A common example is the requirement for sureties who are senior civil servants on specified grade levels. Others must provide landed property worth tens or hundreds of millions of naira within the court’s jurisdiction.
For many Nigerians, these demands are impossible to satisfy.
As a result, a court may grant bail, but the accused remains in prison.
This creates the appearance of judicial leniency while producing the same result as a denial of bail.
As Osigwe noted, such practices turn bail from a constitutional safeguard into a tool of pre-trial detention.
The Constitutional Problem
Section 35 of the Constitution of the Federal Republic of Nigeria guarantees the right to personal liberty.
Section 36 further protects the presumption of innocence by providing that every person charged with a criminal offence is presumed innocent until proven guilty.
These protections lose meaning when a person remains incarcerated because bail conditions are impossible to meet.
A market trader, student, mechanic, or modestly paid civil servant may have no realistic way of producing a Grade Level 16 officer or valuable landed property as security.
Justice should not depend on wealth or connections.
The Administration of Criminal Justice Act Speaks Clearly
The law is clear.
Section 165(1) of the Administration of Criminal Justice Act (ACJA) 2015 gives courts discretion to grant bail, but it also requires that bail conditions not be excessive.
The purpose of bail is to secure attendance at trial, not to create barriers that keep defendants detained.
Courts must balance the seriousness of the offence against the circumstances of the accused.
Unfortunately, many appear to apply the same stringent conditions regardless of defendants’ economic realities.
The Dasuki Precedent
The NBA’s concern is not new.
In Dasuki v.

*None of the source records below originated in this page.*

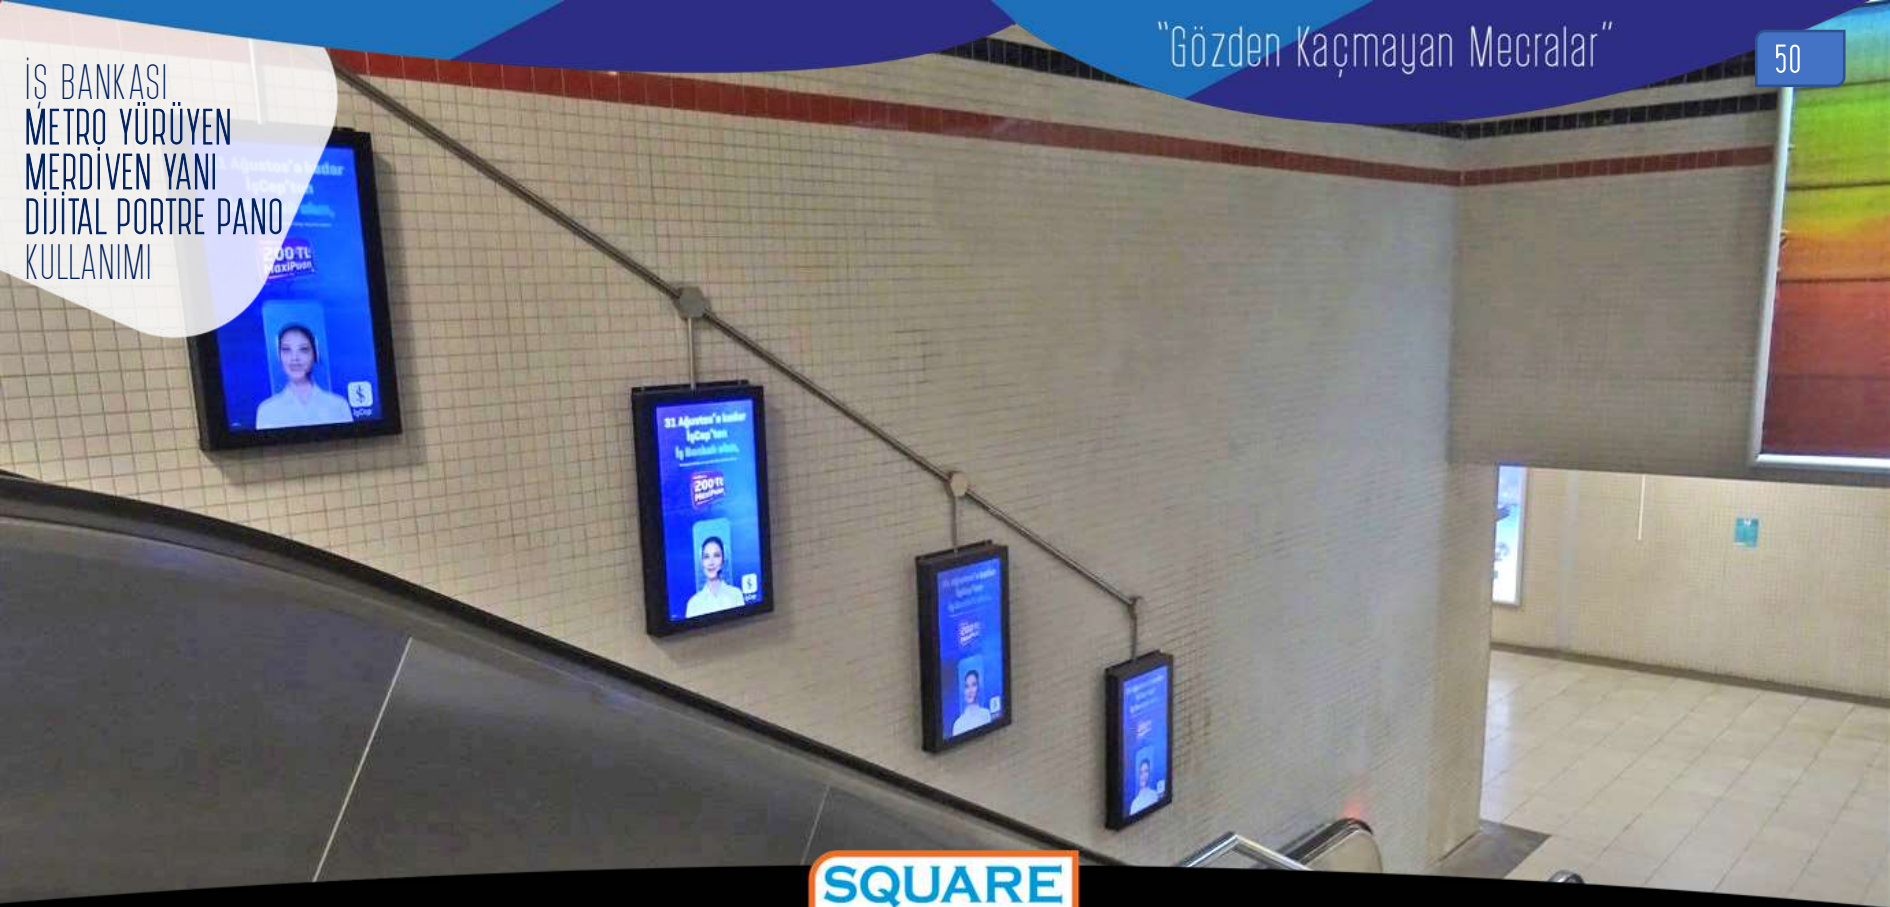

Haziran  
2021  
444 6 744

Aylık  
Bülten  
square-group.com

ODTÜ KOLEJİ  
METRO  
RAKET  
KULLANIMI

**SQUARE**  
GROUP

EMOTION  
METRO YÜRÜYEN  
MERDİVEN YANI  
DİJİTAL PORTRE PANO  
KULLANIMI

Haziran  
2021  
444 6 744

Aylık  
Bülten

square-group.com

İŞ BANKASI  
METRO YÜRÜYEN  
MERDİVEN YANI  
DİJİTAL PORTRE PANO  
KULLANIMI

**SQUARE**  
GROUP

Aylık  
Bülten

**SQUARE**  
GROUP

"Gözden Kaçmayan Mecralar"

AVM'lerde  
Haziran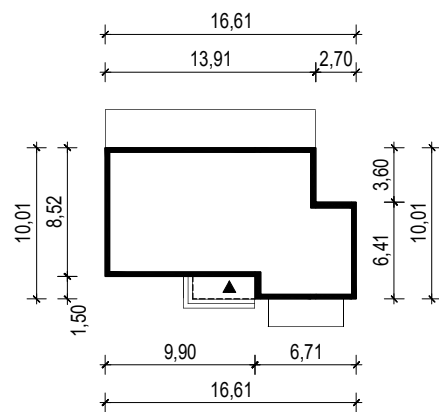

PROJEKT DOMU "KIRI 2 DRENIANY"

OBRYS BUDYNKU

WERSJA PODSTAWOWA

WERSJA LUSTRZANA

 **ARCHETYP**.PL PROJEKTY DOMÓW

15-062 BIAŁYSTOK ul. Warszawska 9/16, tel. 85 652 55 54

OBIEKT: budynek mieszkalny jednorodzinny "Kiri 2 drewniany"

TYTUŁ RYSUNKU:

SKALA:

FORMAT

OBRYS BUDYNKU

1:500

A4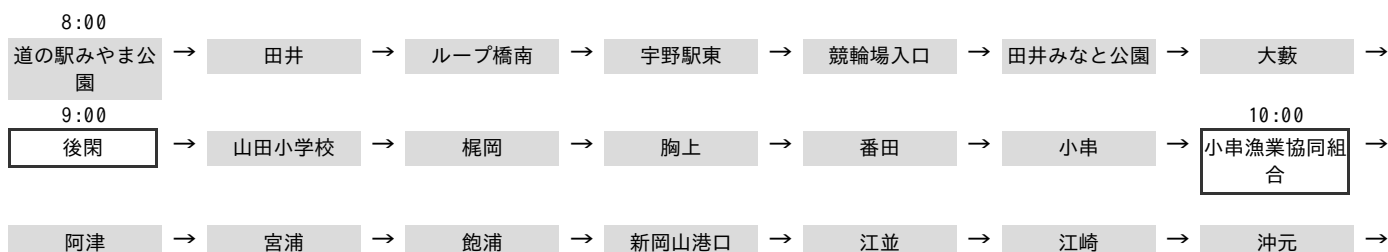

2016-04-17 スケジュール

2016-04-18 スケジュール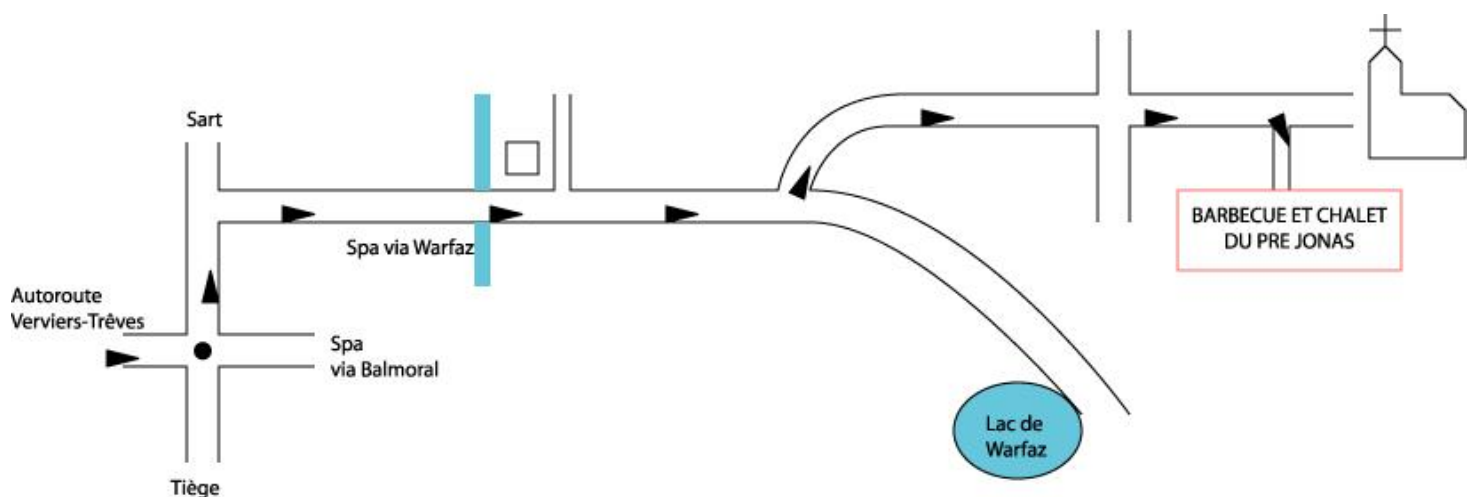

PROGRAMME ET MENU

12h30 : accueil par le comité et apéritif

13h30 : on passe à table !

Menu :

- brochette mixte
- côte de porc marinée (ou côte d'agneau)
- chipolata (ou merguez)
- salad bar

15h00 : dessert anniversaire

Vin : 6 EU la bouteille (1,5 EU le verre)

Limonades, eaux : offertes par le GAS

15h30 : observation du Soleil et autres activités

• **Pour trouver la salle (très facile!):**

suivre les plaques « pavillon Marcel Helman » à proximité de l'église et du football de Nivezé (voir plan ci-dessous), village à 3km du centre de Spa et de l'autoroute Verviers, St Vith.

Nous comptons sur votre présence

et votre bonne humeur !

Adresse du jour : Barbecue Pré Jonas, 43 Nivezé Bas - Tel : 049523729

<http://www.barbecueprejonas.be/>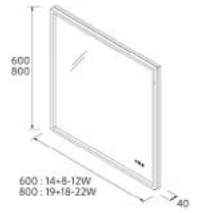

h	l	Negro	€
600	103358	402	
800	103359	443	
1000	103360	565	

Espejos
ESPEJOS CON LUZ LED

MEMPHIS

h	l	€
600	113760	413
800	113761	464
1000	113762	515
1200	113763	566

KORI LINE

h	l	€
600	113755	403
800	113756	505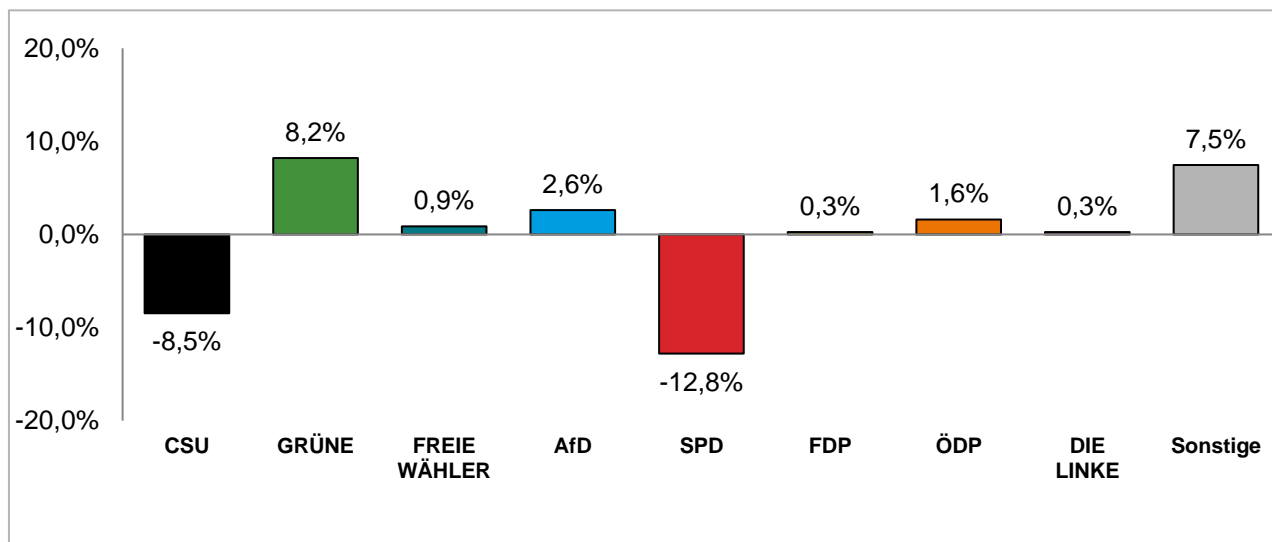

Gewinne und Verluste gegenüber der Stadtratswahl 2014

Amtliche Endergebnisse

© Statistisches Amt München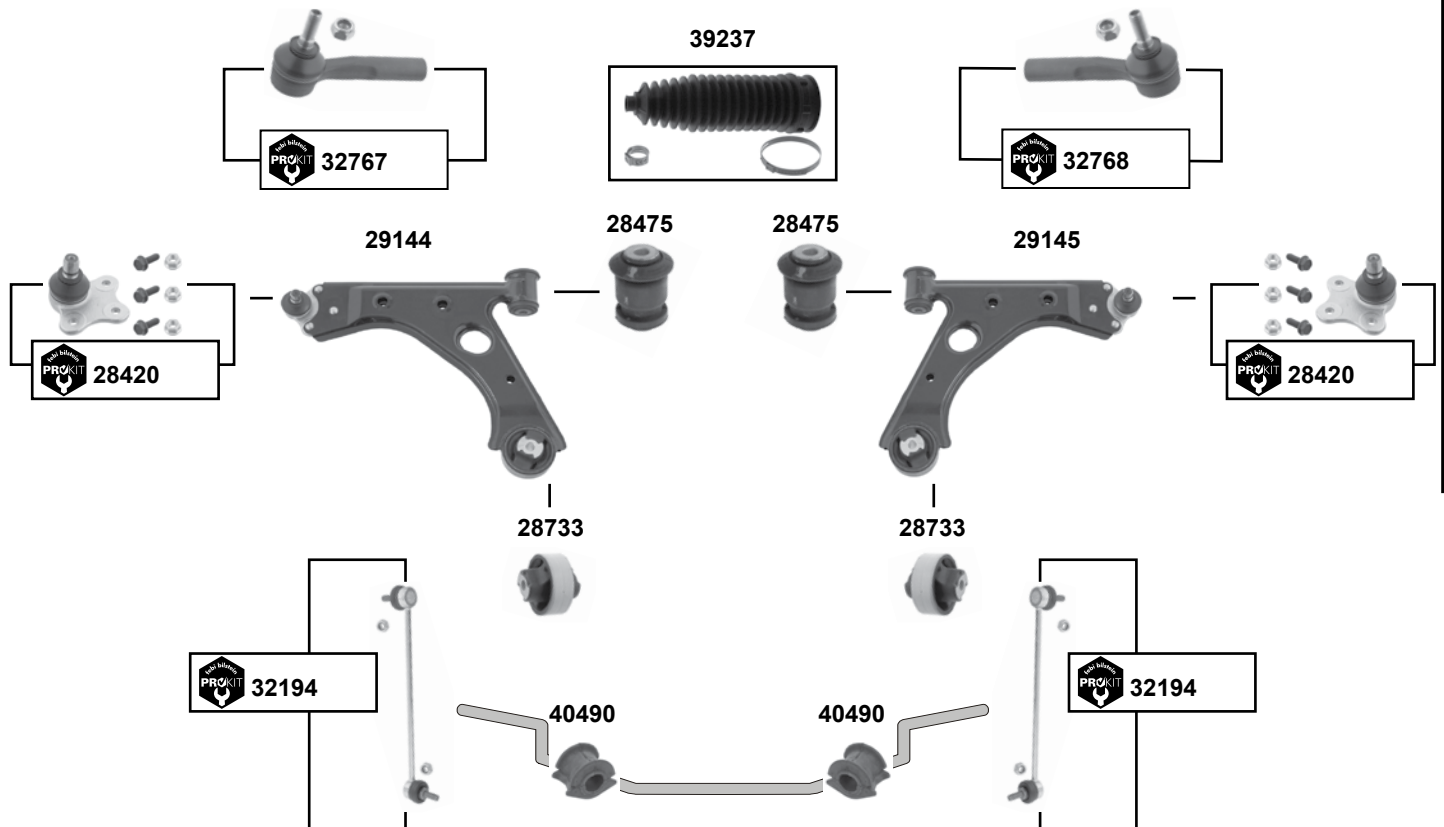

Linea (323)
(2007 →)

Vorderachse / Front axle

- (1) (mot.) 1,3 D Multijet 66kW ; (mot.) 1,4 57kW, 88kW ; (mot.) 1,6 D Multijet ; (mot.) 1,6 16V
- (2) (mot.) 1,3 D 66kW / (mot.) 1,4 57kW, 88kW / (mot.) 1,6 BZ 80kW / (mot.) 1,6 D 77kW / (mot.) 1,9 BZ 94kW
- (3) (mot.) 1,4 88kW / (mot.) 1,6 D77kW

Ref. - No.

Ref. - No.	Description	Quantity	Length / Size
29144	Querlenker / control arm		
29145	Querlenker / control arm		
28475	Querlenkerlager vorne / control arm mounting front		
28733	Querlenkerlager hinten / control arm mounting rear		
28420	ProKit Tragelenk / ball joint		
32194	ProKit Verbindungsstange / stabilizer link	(1)	L 290
32767	ProKit Spurstangenendstück / tie rod end		M10 x 1,25
32768	ProKit Spurstangenendstück / tie rod end		M10 x 1,25
39237	Rep. Satz Lenkmanschette / rep. kit steering boot	(2)	L 200
40490	Stabilisatorlager / stabilizer mount	(3)	Ø I 20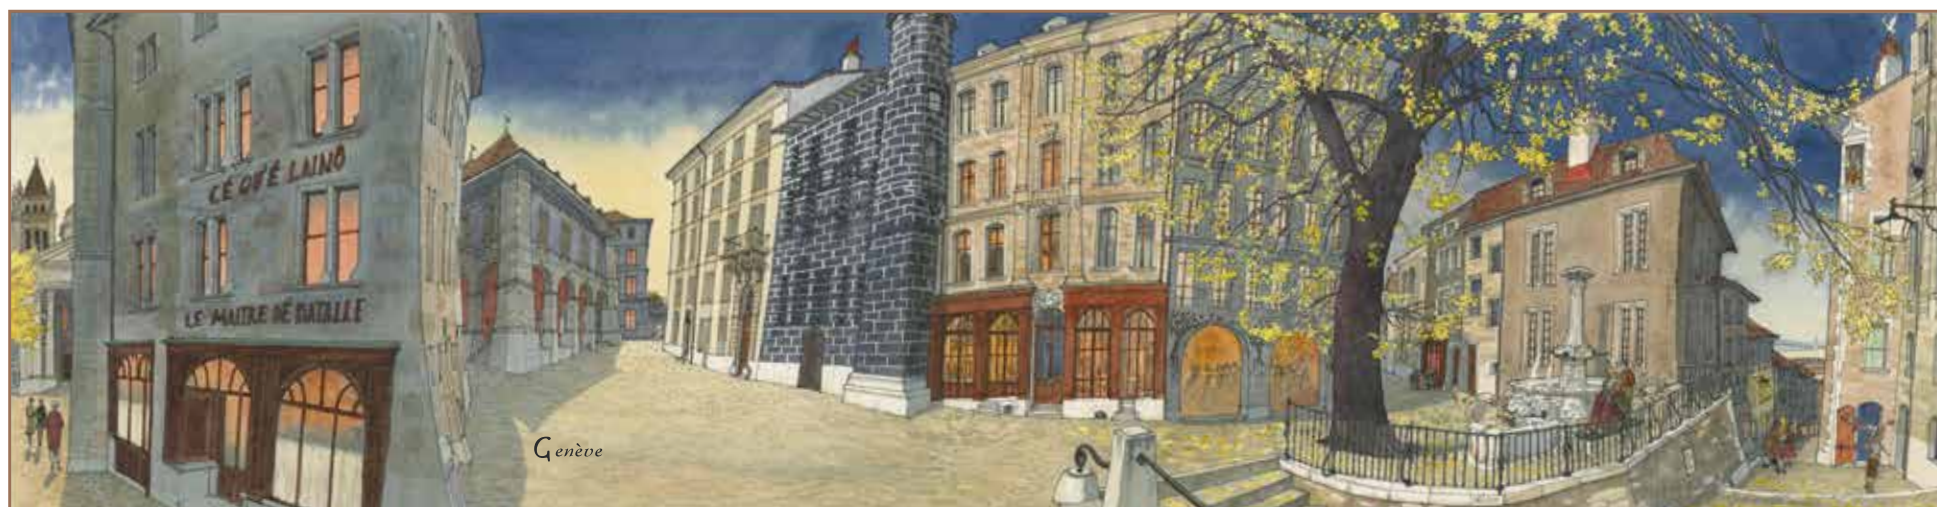

GE - 016

PERRON RÉVOLUTIONNAIRE

format oblong (420 x 105 mm), 2 volets.

Director-General, State Security Service & Ors, the Court of Appeal criticised the requirement of serving public officers as mandatory sureties.
The court recognised that such conditions can restrict access to bail and undermine its purpose.
The decision is an important reminder that judicial discretion must be exercised reasonably and in line with constitutional principles.
A bail condition that cannot realistically be met is effectively a denial of bail.
Justice for the Rich and Justice for the Poor
Perhaps the most troubling consequence of excessive bail conditions is the inequality they create.
A wealthy, politically connected defendant may satisfy stringent conditions within hours.
A poorer defendant facing a similar charge may spend months or years in detention awaiting trial because he cannot produce a high-ranking civil servant or valuable property.
The result is a two-tier justice system.
One for the rich and influential.
Another for ordinary Nigerians.
Such a system offends both legal principles and basic standards of fairness and equality before the law.
A Call for Judicial Reform
The NBA deserves credit for highlighting this issue.
Judges and magistrates must remember that liberty is the rule, while pre-conviction detention should be the exception.
Courts should adopt practical measures that secure attendance at trial rather than imposing conditions that function as detention orders.
Alternatives such as recognisance bonds, community-based sureties, periodic reporting requirements, and other less restrictive measures can often achieve the same objective without infringing constitutional rights.
The criminal justice system must never lose sight of a simple fact: a person on trial is not a convicted criminal.
Until guilt is proven beyond reasonable doubt, the Constitution requires that person to be treated as innocent.
Conclusion
The NBA’s warning should serve as a wake-up call to Nigeria’s judiciary and law enforcement agencies.
Bail exists to protect liberty, not undermine it. When courts impose conditions that ordinary citizens cannot meet, bail becomes meaningless and constitutional rights are reduced to empty promises.
Justice must not be reserved for those with wealth, influence, or access to senior civil servants. A fair justice system requires bail conditions that are attainable, reasonable, and consistent with the constitutional presumption of innocence.
Anything less risks turning the promise of justice into an instrument of oppression.